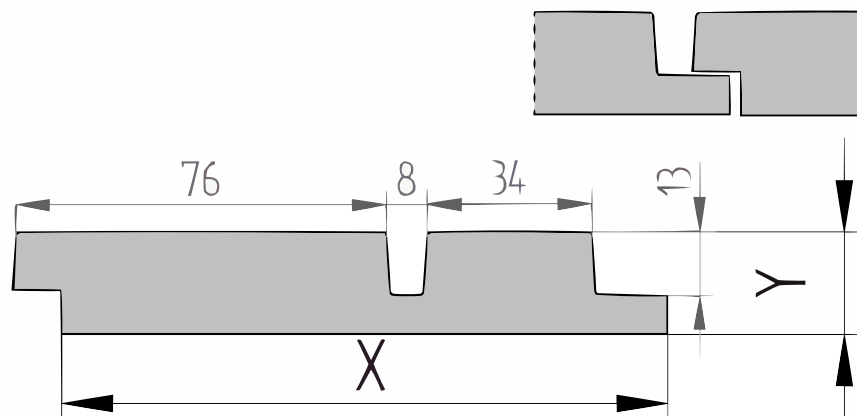

Productblad

Eiken

Dubbel 70/30 blokprofiel

(P146C)

21x125mm [↗](#)

X 125mm ±3%

Y 21mm ±3%

Eiken

Tezamen met het triple-, enkel- en dubbel 50/50 blokprofiel vormt dit het barcodeprofiel. Deze blokprofielen kan men al-dan-niet combineren. De groeven van dit populaire profiel zijn licht afgeschuind zodat men deze planken zowel horizontaal als verticaal kan monteren. Dit profiel is geschikt voor gevels en wanden om zowel horizontaal als verticaal te verwerken. Indien verticaal gemonteerd: Houd rekening met linkse of rechtse montage zodat de windzijde het regenwater niet in de groef stuwt.

QF3-4X Sortering

Dit product is gesorteerd volgens QF3-4X. Dit is een rustieke sortering voor Eiken planken. Toegelaten zijn:

- Gezond spint beperkt tot een derde deel van de plank breedte
- Open noesten tot maximaal een vierde deel van de plank breedte
- Gezonde noesten tot maximaal 40mm doorsnede
- Oppervlaktescheuren
 - Bij schaafwerk behoudt de productie zich het recht voor om maximaal 3-4% van de kopmaat af te wijken, om een mooi, recht en maatvast product te kunnen schaven. De planken worden gesorteerd op één zijtzijde; de achterzijde kan mogelijk plaatselijke schaaffoutjes en/of walsafdrukken bevatten.
 - Wij leveren het hout op handelslengte. Dat betekent: niet haaks gezaagd en niet op lengte afgekort, vaak met wat overlengte.
 - Aan de kopse kanten kunnen droogtescheurtjes voorkomen. Houd bij het berekenen van de lengte altijd rekening met minimaal 10 cm zaagverlies extra.
 - Een correcte montage is van groot belang. Goede ventilatie, voldoende regelwerk en de juiste bevestiging zijn daarbij vereist. Bij elk product is een montagehandleiding in pdf-formaat beschikbaar.

» What is being asked
Copy each line of the records above that carries the word "noesten".

» Solution for this task
- Open noesten tot maximaal een vierde deel van de plank breedte
- Gezonde noesten tot maximaal 40mm doorsnede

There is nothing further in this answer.